歴史的考察と提言
債権は譲渡できるものなのか?
そもそも、債権とは譲渡できるものなのか? と論じられたのは古くはローマ法に遡ります。ローマ法の初期では、債権・債務関係は特定の人と特定の人との間でのみ存在するものであり、債権者が変更すると、債権はその同一性を失うものと考えられていました。また、わが国においての民法起草時前の債権の譲渡性については、明治9年制定太政官布告「証文譲り」によると証書を書き替えなければ権利は移らなかったと規定されていました。
このように国内外の法解釈の変遷とともに債権譲渡は論じられてきました。しかしながら、世界各国の近代民法では、等しく債権の譲渡性を認めています。
欧米における売掛債権譲渡商品の歴史
14世紀後半、イギリスにおいて売掛債権を買い取り資金供給をしたり、売掛債権の支払保証をするファクターとよばれる仲介業者がおこなったファクタリングが売掛債権を利用した金融の始まりとされています。
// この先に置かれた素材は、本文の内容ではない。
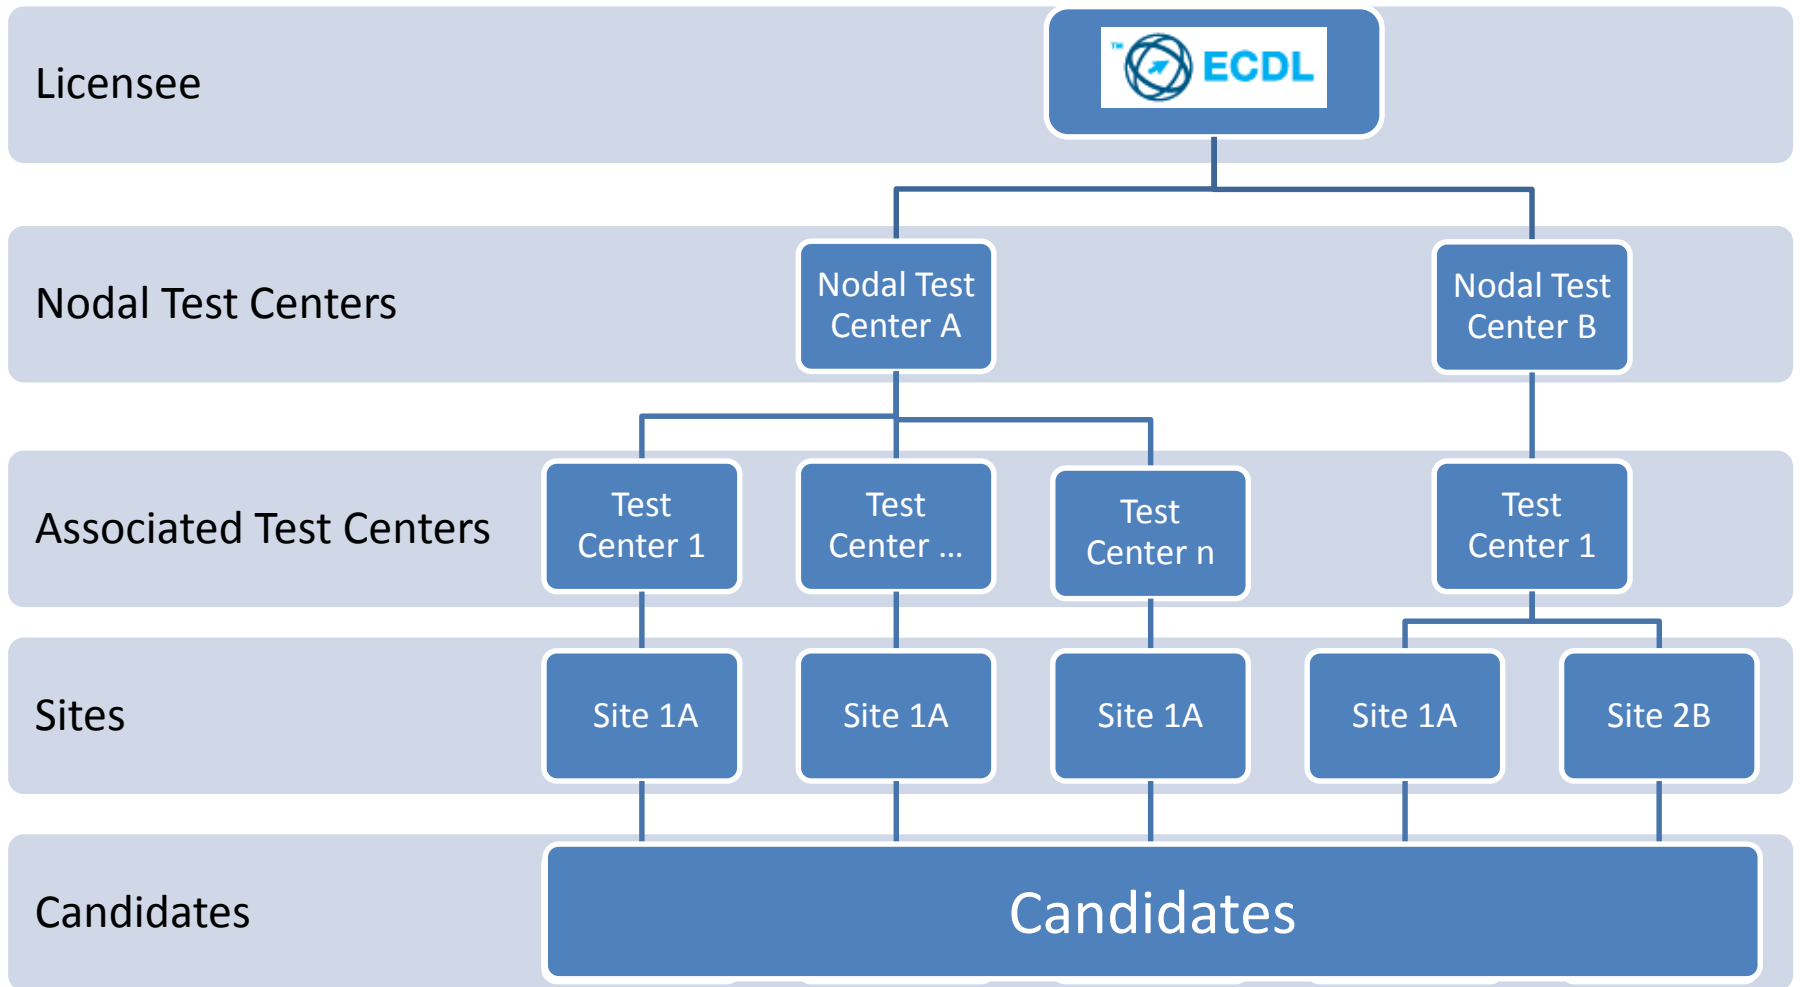

EUCIP Core, an introductory-level three-part ICT professional certification

EUCIP IT Administrator, is a stand-alone certification focusing on the skills required by an IT administrator typically working for a small or medium-sized enterprise

Index

- IT Certifications
- Kplace Suite: Automated Testing System & Learning Platform
- Countries covered by Kplace
- Demo

WS for ECDL and EUCIP: flexible solutions customized on demand

Key features:

- Multi-language
- Multi-system content
- High inter-operability: integration with other ATES systems and/or database legacy
- Compatible with Open Source operating systems
- Complete management system:
 - Test Centers
 - Clusters of Test Centers
 - Exams and Skills Cards accounting
 - Candidates
 - Exam sessions and enrollment
 - Special projects

Some Numbers:

ECDL / EUCIP/ ICDL

- > 4.000 TC actively managed with WS platforms

- > 75.000 desktop workstations managed

- > 7.000.000 certification tests taken

- > 2.000.000 students served

Kplace can manage complex organizational models

Index

- IT Certifications
- Kplace Suite: Automated Testing System & Learning Platform
- Countries covered by Kplace
- Demo

- Colombia
- South Korea
- More than 21 countries in Africa
- All Spanish-speaking countries of Latin America
- Spain (jan 2014)

実際には、当初は商品ファクターで、のちに売掛債権をもっておこなう金融ファクターに発達しました。イギリスにおけるファクタリングは、前払いはせずに売掛先から支払があった場合にクライアントに支払うに過ぎないものだったようです。
現在おこなわれている形式のものは、米国で19世紀末から20世紀初頭に開発されました。しかしながら、当時においても、売掛先に公然と譲渡の事実を通知するファクタリング方式は受け入れられず、歴史的には繊維取引の分野でのみ、発展し受け入れられたに過ぎませんでした。一部のわが国の風潮のように、繊維業界以外は売掛債権を譲渡するような企業は経営危機に瀕しているものと解されていました。
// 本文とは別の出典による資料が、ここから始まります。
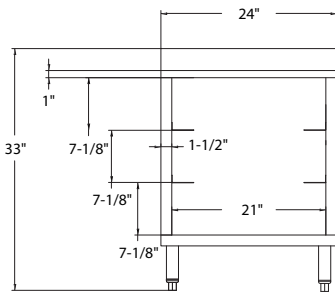

Glass Storage Cabinets

Silver Series Underbar

18-GSB1

18-GSB3
Middle Shelf (2 racks)

Standard Features

- Embossed drainboard top
- Durable stainless steel construction
- Fits (3) 20" x 20" Glass Racks (not included) (18-GSB1)
- Fits (2) 20" x 20" Glass Racks (not included) (18-GSB3)
- 22-1/2" front to back depth
- 3" H backsplash

Specifications

Drainboard	▪ 20 gauge embossed stainless steel reinforced with welded braces every 6"
	▪ 3/4" radius on all vertical and horizontal edges
Material	▪ 20 gauge 304 stainless steel body
Backsplash	▪ 3"
Legs	▪ 6" tubular (1-5/8" diameter) 16 gauge stainless steel with grey plastic bullet foot
Drains	▪ (2) 1" brass threaded drains

Model	Description	20" x 20" Glass Rack Capacity
18-GSB1	Glass Storage with Drainboard Top and Adjustable (3) Rack Slides	3
18-GSB3	Glass Storage with Drainboard Top and Middle Shelf	2

18-GSB1

18-GSB3
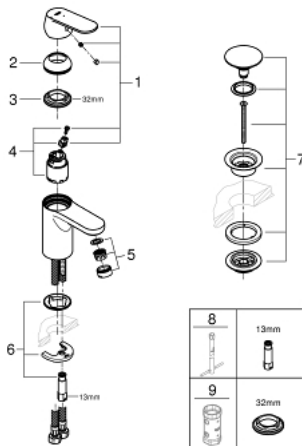

23 927 000 **EUROSMART COSMOPOLITAN BASIN MIXER 1/2"**  
**S-SIZE**

**PRODUCT DESCRIPTION**

- Colour: Chrome
- monobloc installation
- metal lever
- GROHE SilkMove Energy Saving 35 mm ceramic cartridge with energy saving function via cold start
- adjustable flow rate limiter
- adjustable minimum flow rate 2.5 l/min
- temperature limiter
- GROHE Long-Life finish
- GROHE Water Saving mousseur 5.7 l/min
- GROHE FastFixation installation system with centering support
- smooth body with push-open pop-up waste set 1 1/4"
- flexible connection hoses

23 927 000 **EUROSMART COSMOPOLITAN BASIN MIXER 1/2"**  
**S-SIZE**

**SPARE PARTS**, February 2019 – now

- 1: Lever (Spare part-nr. 46828000)
  - 2: Shield for cross handle (Spare part-nr. 46492000)
  - 3: Screw coupling (Spare part-nr. 46460000)
  - 4: Cartridge (Spare part-nr. 46863000)
  - 5: Flow restrictor (Spare part-nr. 48159000)
  - 6: Shank mounting kit (Spare part-nr. 46671000)
  - 7: Waste set with push-open plug (Spare part-nr. 65807000)
  - 8: Mounting wrench (Spare part-nr. 19017000)\*
  - 9: Socket Spanner (Spare part-nr. 19332000)\*
- \* Optional accessories

この米国式ファクタリングが生まれた同時期に、売掛債権担保融資が生まれました。
売掛債権担保融資は、1904年シカゴにある百科辞典の販売業者が考案しました。日本で初めて当社が商品化した96年前のことでした。ファクタリングが売掛債権を償還請求なしに買い取るのに対し、売掛債権担保融資は純粋な金銭消費貸借がおこなわれ、借主は常に借入金を返済しなければならない方式です。当初はファクタリングと同様売掛先に通知式でおこなうことを考えたようでしたが、やはりクライアントの心理的抵抗にあい黙示型になったようです。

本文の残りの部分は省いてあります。